**Description of the task:**
Needed from the data below: every line from the one with "SISO, RF0, 5825MHz**" up to and including the one with "13:17:49 20.10.2021", repeated exactly and with nothing else.

**The data:**
=-=-=-=-=

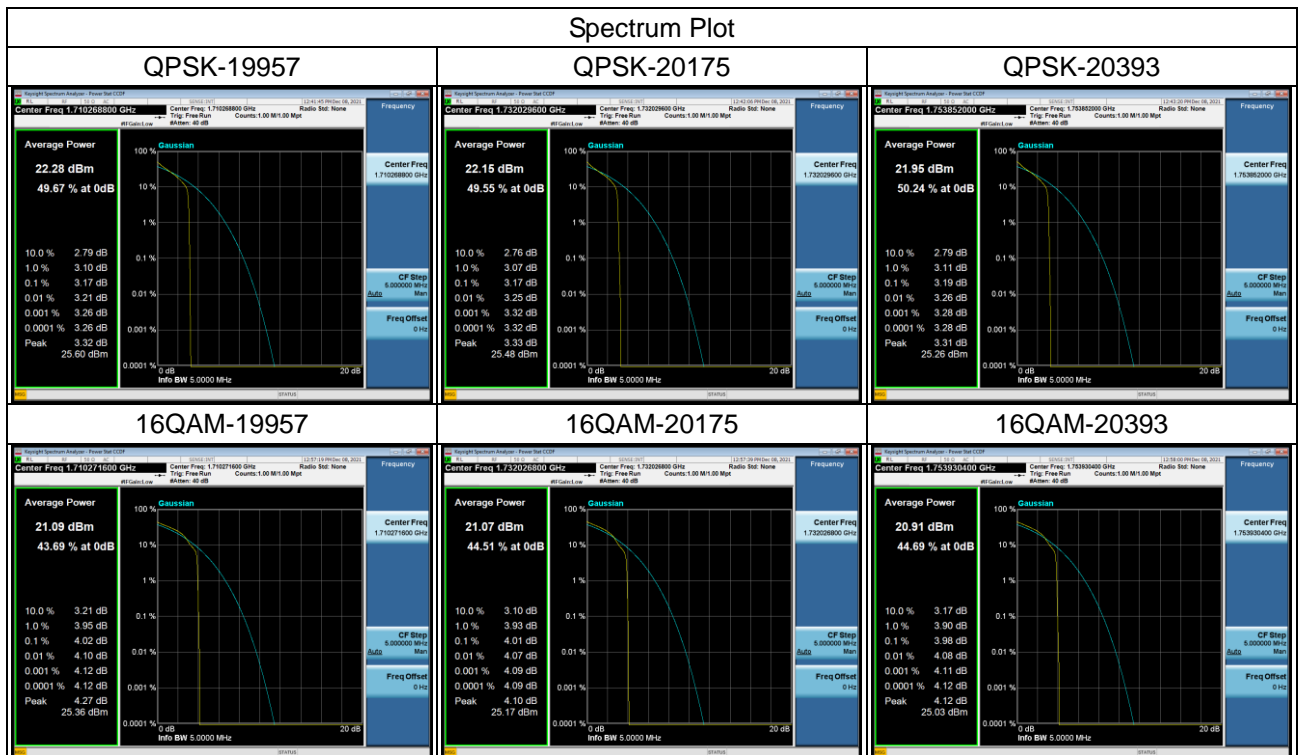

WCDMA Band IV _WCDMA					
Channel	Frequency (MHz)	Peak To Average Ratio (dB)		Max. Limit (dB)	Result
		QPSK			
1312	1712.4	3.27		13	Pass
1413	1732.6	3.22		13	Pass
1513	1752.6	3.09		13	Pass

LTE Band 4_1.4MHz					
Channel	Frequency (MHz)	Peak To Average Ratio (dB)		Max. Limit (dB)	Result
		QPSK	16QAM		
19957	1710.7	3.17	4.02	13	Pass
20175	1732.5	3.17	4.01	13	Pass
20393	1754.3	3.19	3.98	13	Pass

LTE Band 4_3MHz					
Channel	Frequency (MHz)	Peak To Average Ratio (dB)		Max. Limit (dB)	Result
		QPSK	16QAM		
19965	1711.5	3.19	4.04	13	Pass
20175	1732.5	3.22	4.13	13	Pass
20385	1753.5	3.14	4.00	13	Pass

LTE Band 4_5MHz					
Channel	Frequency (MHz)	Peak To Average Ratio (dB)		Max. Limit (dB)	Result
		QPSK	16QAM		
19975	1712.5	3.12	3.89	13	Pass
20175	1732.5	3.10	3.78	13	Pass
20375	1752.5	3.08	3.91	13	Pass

=-=-=-=-=

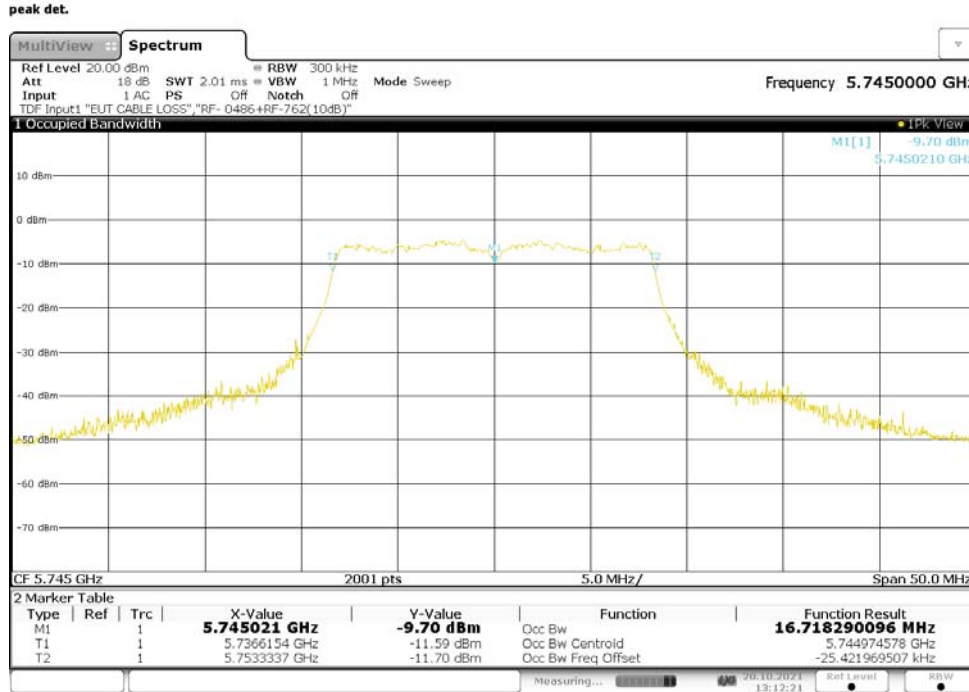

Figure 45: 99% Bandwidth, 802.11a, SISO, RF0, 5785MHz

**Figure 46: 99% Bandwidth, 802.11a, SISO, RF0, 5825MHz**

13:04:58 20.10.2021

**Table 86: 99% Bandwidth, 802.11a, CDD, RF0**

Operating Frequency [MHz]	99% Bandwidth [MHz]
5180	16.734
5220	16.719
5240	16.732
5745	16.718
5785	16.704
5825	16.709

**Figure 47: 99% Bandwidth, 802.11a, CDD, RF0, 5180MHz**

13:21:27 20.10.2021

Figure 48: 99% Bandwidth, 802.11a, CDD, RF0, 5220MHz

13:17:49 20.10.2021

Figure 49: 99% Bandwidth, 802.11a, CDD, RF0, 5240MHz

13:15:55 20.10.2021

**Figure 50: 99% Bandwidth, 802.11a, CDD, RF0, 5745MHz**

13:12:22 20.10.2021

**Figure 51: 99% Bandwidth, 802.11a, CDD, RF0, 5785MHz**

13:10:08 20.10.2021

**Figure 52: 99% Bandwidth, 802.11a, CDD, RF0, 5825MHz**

=-=-=-=-=

**Answer space:**
**Figure 46: 99% Bandwidth, 802.11a, SISO, RF0, 5825MHz**

13:04:58 20.10.2021

**Table 86: 99% Bandwidth, 802.11a, CDD, RF0**

Operating Frequency [MHz]	99% Bandwidth [MHz]
5180	16.734
5220	16.719
5240	16.732
5745	16.718
5785	16.704
5825	16.709

**Figure 47: 99% Bandwidth, 802.11a, CDD, RF0, 5180MHz**

13:21:27 20.10.2021

Figure 48: 99% Bandwidth, 802.11a, CDD, RF0, 5220MHz

13:17:49 20.10.2021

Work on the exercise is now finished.